Meals on Wheels Reaches Strengths-Based Destination

During the height of the pandemic, not only did Meals on Wheels of Rhode Island staff operate without interruption, they handled a surge in service from 1,000 to 4,000 home-delivered meals a day.

Executive Director Meghan Grady, LRI 2023 Tau II, could not have been more proud.

“We really saw our team develop a deep camaraderie and a strong bond because of the pressure that we were under to not only meet new and increased demand, but also in a time that was dangerous to everyone’s health,” she recalls.

“We were on the front lines, we were in the trenches. As a result, we called ourselves ‘delivery heroes’.”

As the public health environment improved and Meals on Wheels returned to normal operations, Grady wanted to preserve the sense of togetherness and determination that got the team through the pandemic.

With that goal in mind, Grady reached out to Leadership Rhode Island about helping Meals on Wheels become a “strengths-based” operation.

“I thought that it would help ensure our progress as an organization, and I thought that it might help us communicate in a changing, dynamic environment,” she says. “And I also thought it would help us extend that camaraderie to a new level.”

Meals on Wheels launched its three-year CliftonStrengths training program in 2022 with an orientation session led by strengths coach Marcus Jannitto, LRI 1997 Rho, a retired brigadier general, who has delivered meals for the non-profit.

About 20 team members – a diverse group in age, ethnicity and expertise –  attended that first meeting.

Three years later, all 35 members of the staff, including the five top executives, have taken the Clifton Strengths assessment and the staff has attended numerous training sessions, in large and small groups, to learn how to take strengths into account when assigning tasks, creating work groups, and when offering feedback to others.

In all, five LRI coaches have been dispatched to work with the staff.

The organization’s Board of Directors also has invested time in the strengths effort. Sixteen members took the strengths assessment —   three others already knew their strengths from assessments elsewhere.

Board members participated in three coaching sessions during which they learned to use strengths when creating board committees, evaluating the performance of the executive director, and to better understand how the staff is organized.

Renzo Arteta, 2019 CLRI, LRI’s senior training manager, says all employees have been surveyed twice, once in 2023 and again in 2024, to gauge the degree of employee engagement.

The online survey, developed by Gallup, produces results showing how a particular organization’s employee engagement compares with organizations worldwide.      

Grady says she now considers Meals on Wheels a strength-based organization, the goal of the multi-year strengths journey.  Still, she has sought an extension of its contract through 2025 to get training for onboarding new employees, more training for managers, and another Gallup survey on employee engagement.

Arteta, who supervises the trainings and has reviewed the results of the two employee surveys, says he is comfortable with Grady’s assessment that Meals on Wheels is a strengths-based organization.
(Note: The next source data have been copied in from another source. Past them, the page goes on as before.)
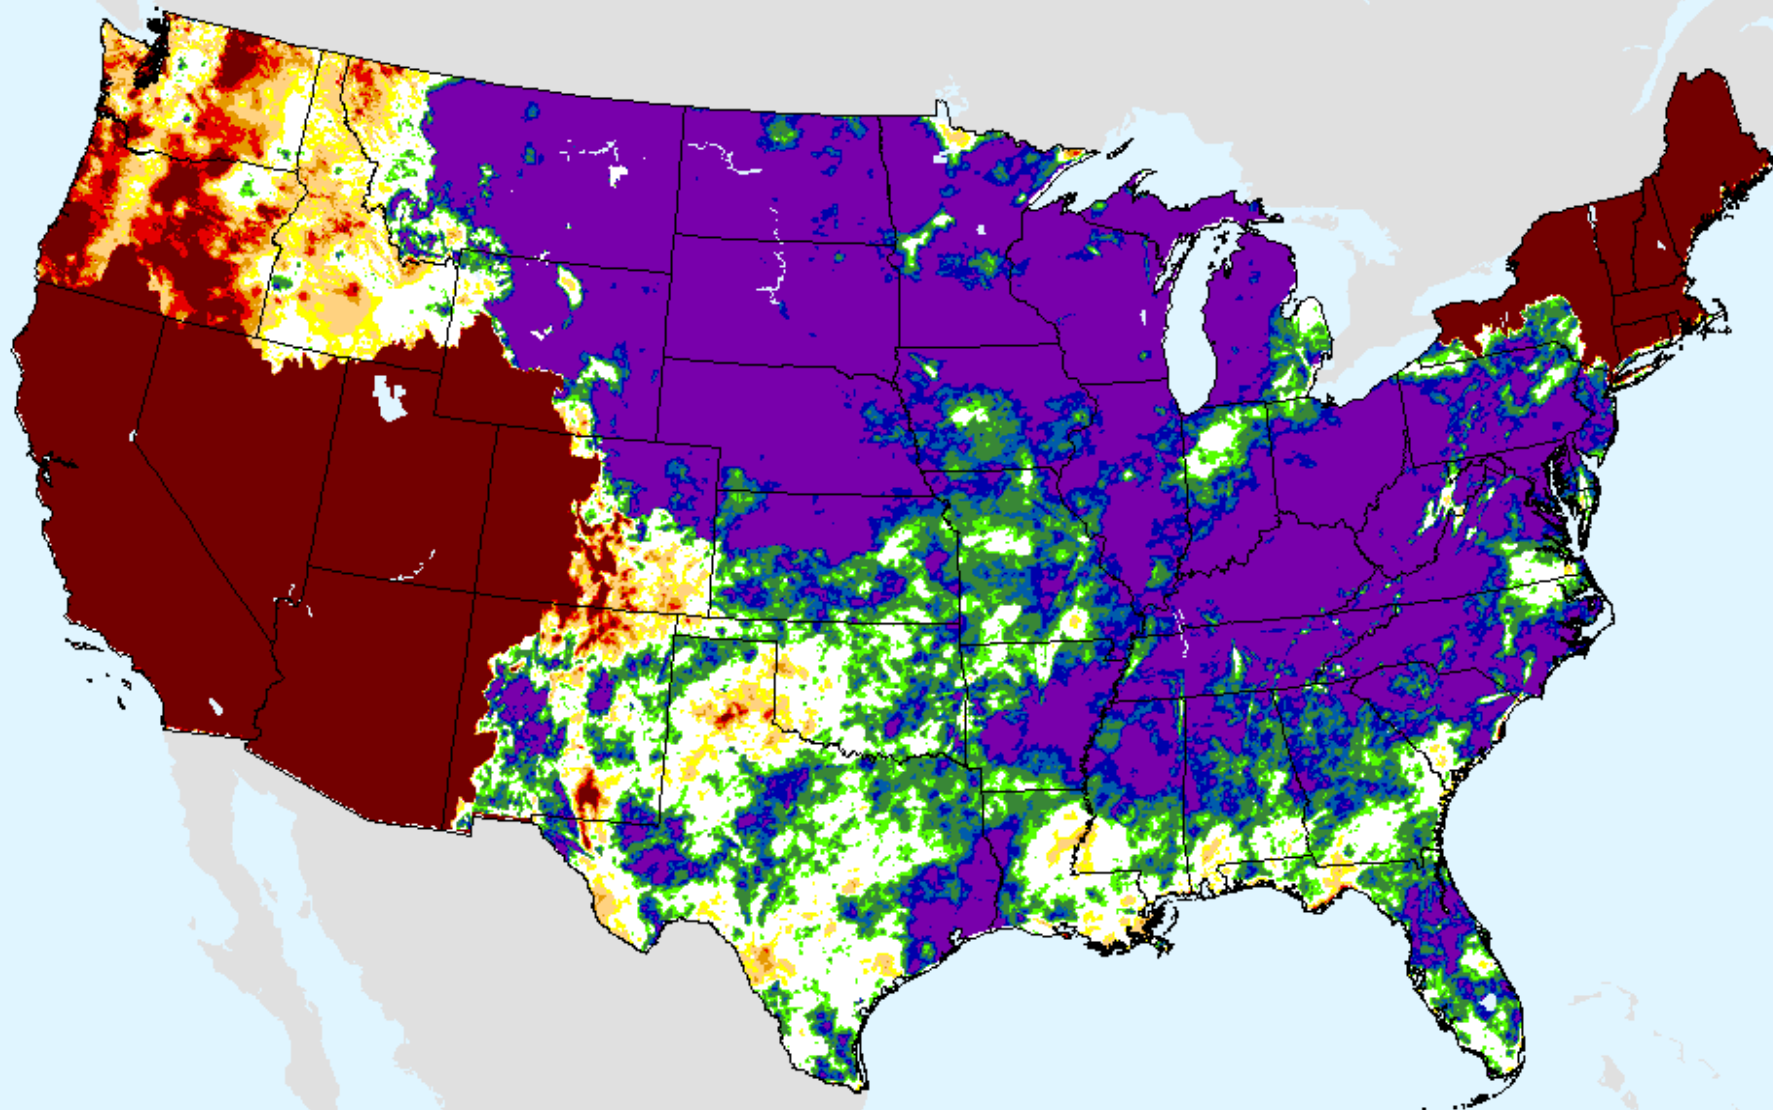

AHPS 36-month SPI

As of: Tuesday, August 11, 2020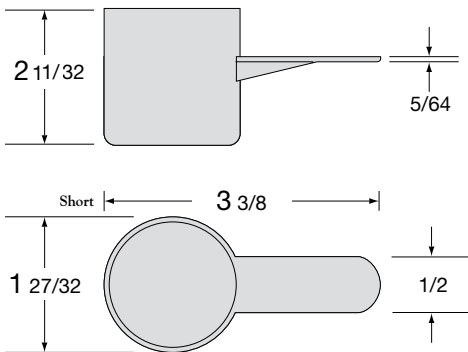

### Capacity 82cc

Volume (cu. ft.) 3.70  
Material Polypropylene  
Colors Standard:  
custom available

NOTE: Measurements shown on specification drawings are correct as shown. The drawings have been reduced because of space limitations.

3-Handles	Short	Medium	Long	-
PRODUCT ID	82SH	82MH	82LH	-
CARTON QNTY.	600 pcs	TBD	TBD	-
CARTON DIM.	20x16x20	20x16x20	20x16x20	-
CARTONS/PALLET	24	24	24	-
SHIPPING WT.	21 lbs.	N/A	N/A	-

### Capacity 85cc

Volume (cu. ft.) 3.70  
Material Polypropylene  
Colors Standard:  
custom available

NOTE: Measurements shown on specification drawings are correct as shown. The drawings have been reduced because of space limitations.

### Capacity 90cc

Volume (cu. ft.) 3.70  
Material Polypropylene  
Colors Standard:  
custom available

NOTE: Measurements shown on specification drawings are correct as shown. The drawings have been reduced because of space limitations.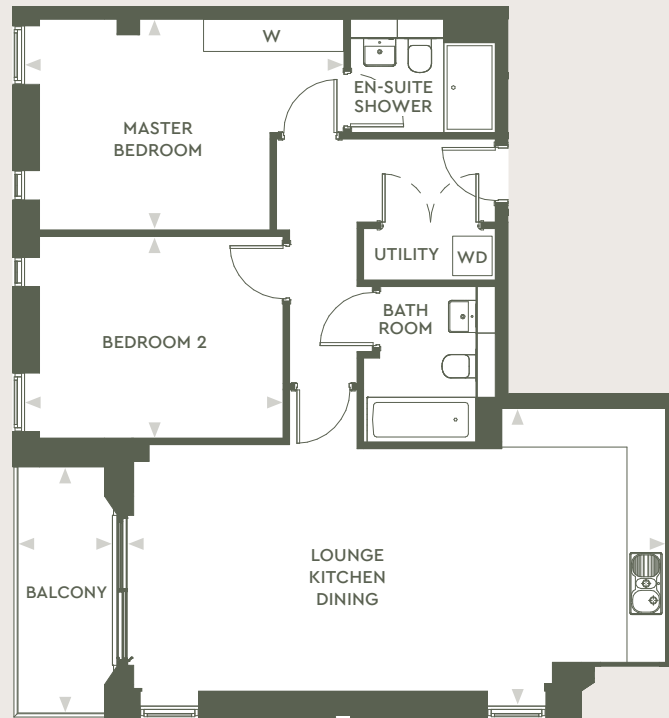

APARTMENT 1

1ST FLOOR

82.3 SQM | 886 SQFT
(Excluding balcony)

87.4 SQM | 941 SQFT
(Including balcony)

LOUNGE / KITCHEN / DINING
8.40m x 4.72m 27'8" x 15'7"
32.6 sqm 351 sqft

MASTER BEDROOM
5.06m x 3.26m 16'8" x 10'9"
13.7 sqm 147 sqft

BEDROOM 2
4.11m x 3.13m 13'7" x 10'4"
12.3 sqm 132 sqft

BALCONY
3.62m x 1.40m 11'11" x 4'7"
5.1 sqm 55 sqft

W - Wardrobe
WD - Washer/Dryer

The LRI strengths initiative does not award official certificates for strength-based status, but Arteta relies on certain criteria, drawn from Gallup’s literature, to guide clients seeking to become strengths-based organizations:

  • Everyone is aware of their strengths.
  • Management consistently refers to strengths in work-related conversations.
  • Commitment to a strengths agenda is embedded in the organization’s strategic plan.
  • Strengths are emphasized in the orientation of all new hires and development of staff.

“When you walk into our organization, you see our strengths wall,” says Shana DeFelice, 2024 Upsilon II,  programs and mission impact director.  “Every team member’s name and strengths are on display. We have worked strengths into everything we do.”

That includes morning meetings, where people’s strengths are considered when tasks are assigned for the day.  Strengths are part of performance evaluations, coaching and team check-ins.

“By being a strengths-based organization, we’re more effective and that translates into how we deliver our mission,” Grady says.